Partners in the research include a former master’s degree student under Prof. Arie’s guidance, Eyal Rozenberg, who is currently a doctoral student in Prof. Bronstein's research group, and the members of Prof. Arie’s group, Aviv Karnieli, Ofir Yesharim, Joshua Foley-Comer, and Dr. Sivan Trajtenberg-Mills who is currently a postdoctoral fellow at the Massachusetts Institute of Technology. The project team was joined by an external expert from Google, Dr. Daniel Freedman, an accomplished researcher in the field of computational learning who has already worked with Rozenberg and Prof. Bronstein on other projects. Dr. Freedman is now the head of the research group at Verily-Google Life Science.
“The algorithm we created can be used to predict the generation of the desired quantum state or correlations between structured photon-pairs in future experiments,” the authors said. “In other words, given the desired quantum state, our algorithm extracts what should be the optical system for generating it.”
They added that “our work offers a promising avenue for shaping and controlling the arbitrary quantum state of spatially structured photon pairs, which is very useful for generating high-dimensional entanglement. This feature, for example, can find applications in qudit-based quantum key distribution (where the quantum system has more than two possible states) and quantum information protocols that work at high switching rates. The importance of using quantum key distribution as a secure communication method has increased significantly in light of the technological advancement of quantum computers that threaten to crack traditional encryption methods.”

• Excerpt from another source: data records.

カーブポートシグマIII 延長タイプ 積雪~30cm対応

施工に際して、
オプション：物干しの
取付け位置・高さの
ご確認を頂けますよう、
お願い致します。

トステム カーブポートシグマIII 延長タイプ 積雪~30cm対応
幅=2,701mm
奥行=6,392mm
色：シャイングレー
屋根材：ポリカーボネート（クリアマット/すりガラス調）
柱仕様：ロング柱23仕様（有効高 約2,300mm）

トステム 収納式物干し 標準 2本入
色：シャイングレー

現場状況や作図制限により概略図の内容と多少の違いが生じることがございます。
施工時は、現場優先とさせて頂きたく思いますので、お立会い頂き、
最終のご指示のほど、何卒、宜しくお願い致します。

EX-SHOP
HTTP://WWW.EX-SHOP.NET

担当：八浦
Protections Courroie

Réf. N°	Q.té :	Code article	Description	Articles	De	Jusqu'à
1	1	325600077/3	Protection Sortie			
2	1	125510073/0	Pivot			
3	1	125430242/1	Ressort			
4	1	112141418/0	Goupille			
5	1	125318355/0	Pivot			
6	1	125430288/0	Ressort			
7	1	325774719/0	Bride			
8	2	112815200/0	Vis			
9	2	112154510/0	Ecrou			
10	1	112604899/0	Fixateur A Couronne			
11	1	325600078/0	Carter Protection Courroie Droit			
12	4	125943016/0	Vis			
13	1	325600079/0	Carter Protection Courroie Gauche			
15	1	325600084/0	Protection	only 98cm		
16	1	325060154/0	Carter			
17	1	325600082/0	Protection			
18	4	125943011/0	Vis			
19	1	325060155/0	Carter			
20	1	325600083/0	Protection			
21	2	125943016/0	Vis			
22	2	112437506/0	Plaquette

As the first step, the researchers developed a numerical model that makes it possible to accurately predict the statistical index that evaluates the correlations between the two photons created in the SPDC process for a given optical system (that is, for the characteristics of the laser beam and the nonlinear crystal). This model was validated against a series of experimental results that were published previously.

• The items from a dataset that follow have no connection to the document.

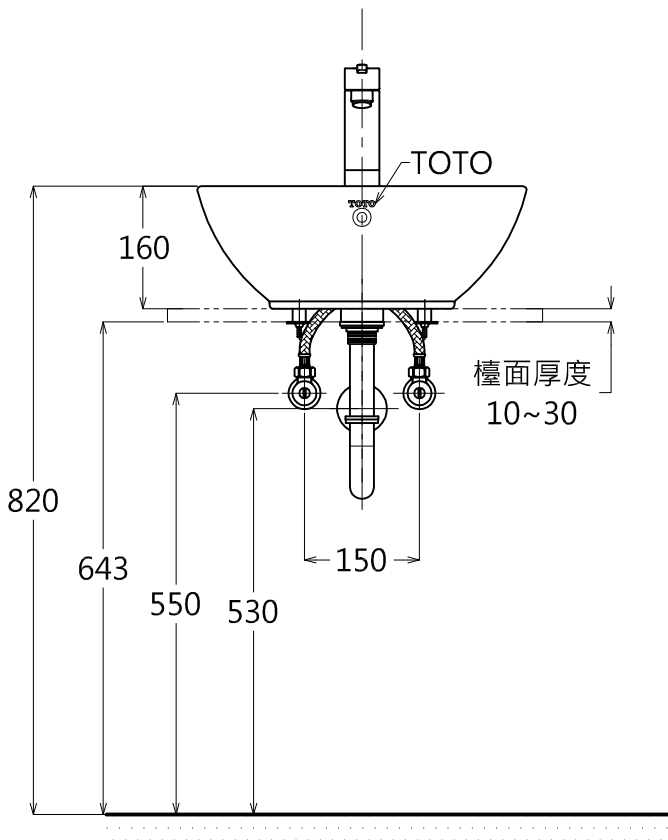

器具明細表		
品番	品名	數量
LW523GUT1	檯面式臉盆	1
TWL601L	單槍龍頭	1
TC2608	落水頭	1
TX809L	固定金具(另購)	1
TW005	P管+止水栓	1

產品整體尺寸: 430X430X160

TOTO		單位 <i>M/M</i>	CAD比例 1:1 出圖比例 1:10	名稱
製圖 <i>Yairu</i>	檢圖	審核	日期 2013.12.18	檯面式臉盆
備註 TWC/TWC	版別 01	修改日期	圖紙 A4	品番 LW523GUT1/TWL601L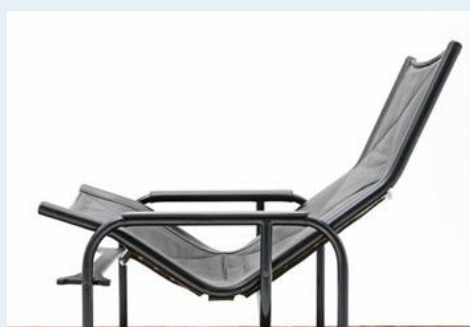

Ledersessel

Titel	Ledersessel
Art.Nr.	5356
Beschreibung	Eichenberger Hochlehn-Sessel von Strässle. Schwarzes Leder, Rahmen schwarz lackiert, inkl. zusätzlichem Ottoman. (Fussteil)
Designer	Eichenberger, Hans
Hersteller	Strässle
Objektyp	Leder-Sessel
Masse	B: 70 cm H: 97 cm T: 70 cm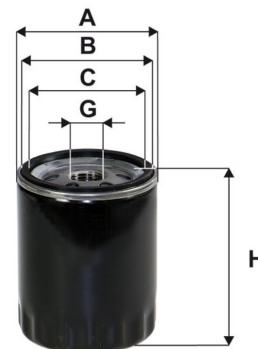

WIX FILTRO ACEITE (W 713/9) LAND ROVER (LPX 100590) ROVER (LPX 100590)

[Leer Descripción](#)

SKU: WL7287

Categorías: [Filtros de Aceite](#), [Filtros Europeos](#), [Filtros Wix](#)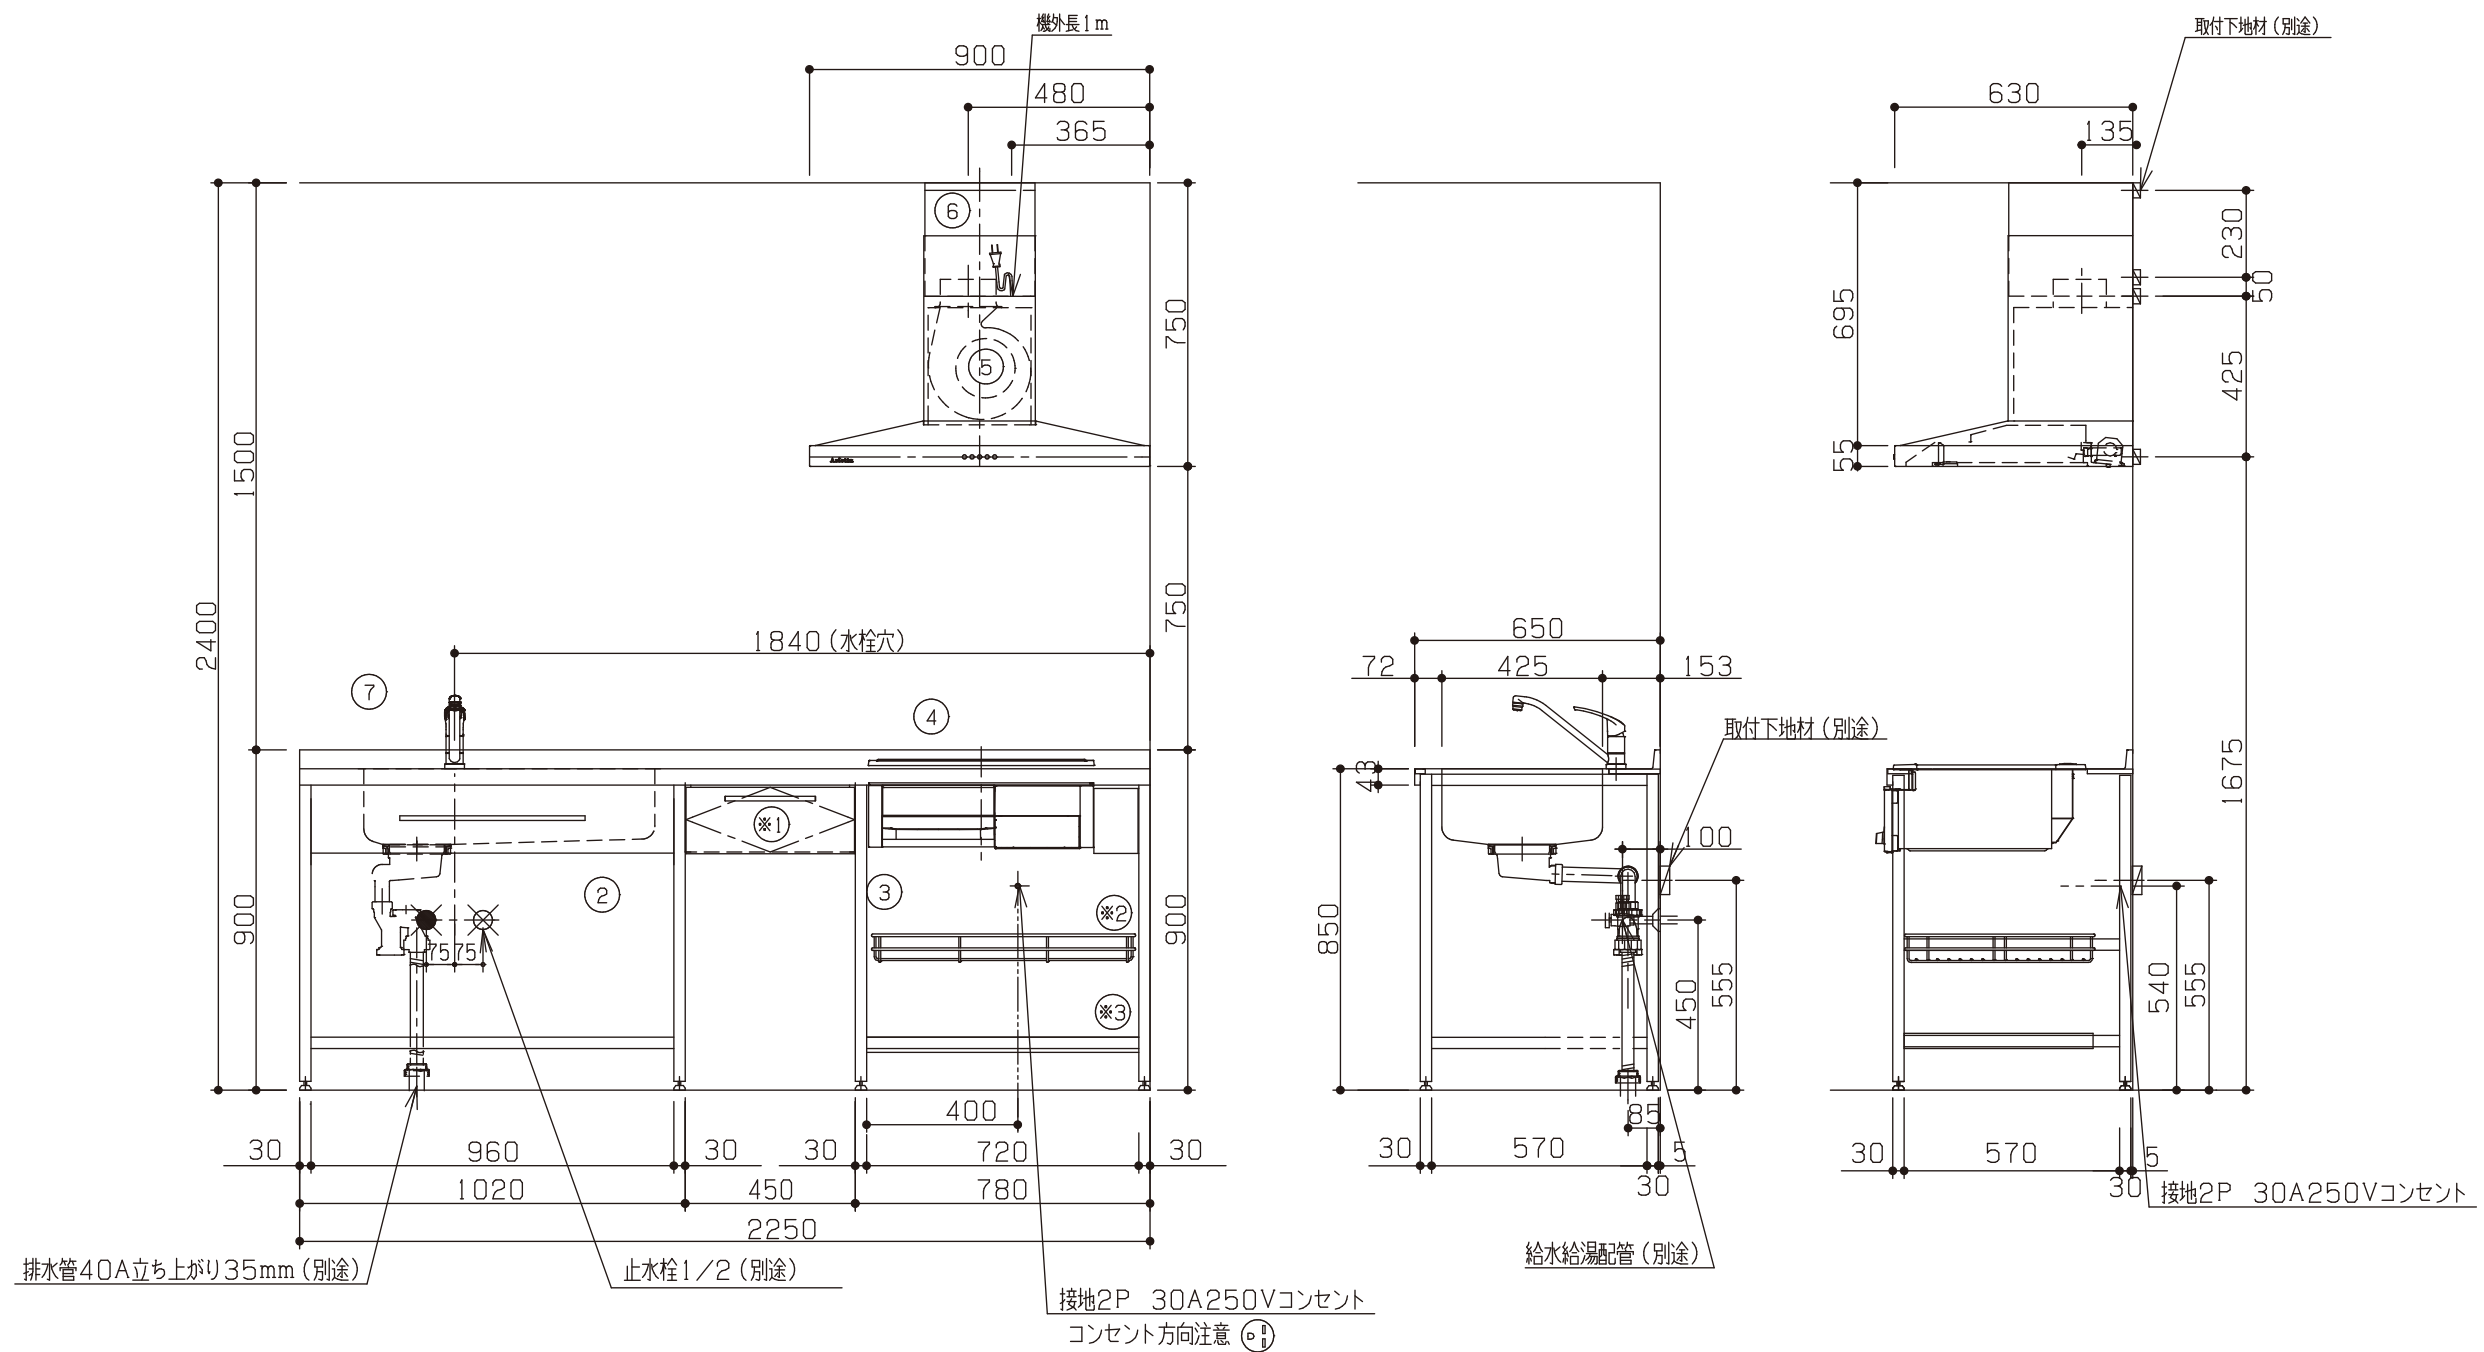

No	名称	品番	数量	仕様
1	フラット&フラット天板 ヘアライン		1	
2	シンク用フレーム		1	タオルバー付き
3	ガス用フレーム		1	
4	IHヒーター/シルバー		1	三菱製
5	ステンレスレンジフード壁付けタイプ		1	アリアフィーナ製
6	BE-T-901用ダクトカバー		1	アリアフィーナ製 H700~900用
7	水栓		1	KVK製
8	施工キット/I型用		1	

※印は、オプションパーツの取付位置を示す。(オプションパーツは別途購入下さい。)

※1	引出しユニット/I段引出し 引出し固定金具		1 1	引出し固定金具も必要
※2	コンロ下ワイヤー棚		1	
※3	コンロ下ステンレス棚		1

In the second step, both the crystal’s structure and the laser’s structure were used as parameters on which learning can be performed and a cost function was defined – a function that represents the distance between the result obtained by running the numerical model and the result the system-designer wants to reach. When the learning process was activated, it produced the properties of the nonlinear crystal and the shape of the laser beam that would produce a result as close as possible to the desired quantum state.
The method published in the article focused on high-dimensional entanglement expressed in the photons’ spatial form (circle vs. ring), but it can also be applied to entanglement related to the color of the photon or its polarization. The researchers noted that besides the application in non-linear crystals, the method can be applied in other systems such as optical fibers and non-linear waveguides.
“Our work, together with its complementary code (https://github.com/EyalRozenberg1/SPDCinv), can contribute to additional exciting advances and discoveries in other quantum and classical systems. We decided to publish the whole algorithm as an open-source code to make it possible for additional research groups around the world to use the tools we have developed,” concluded Rozenberg.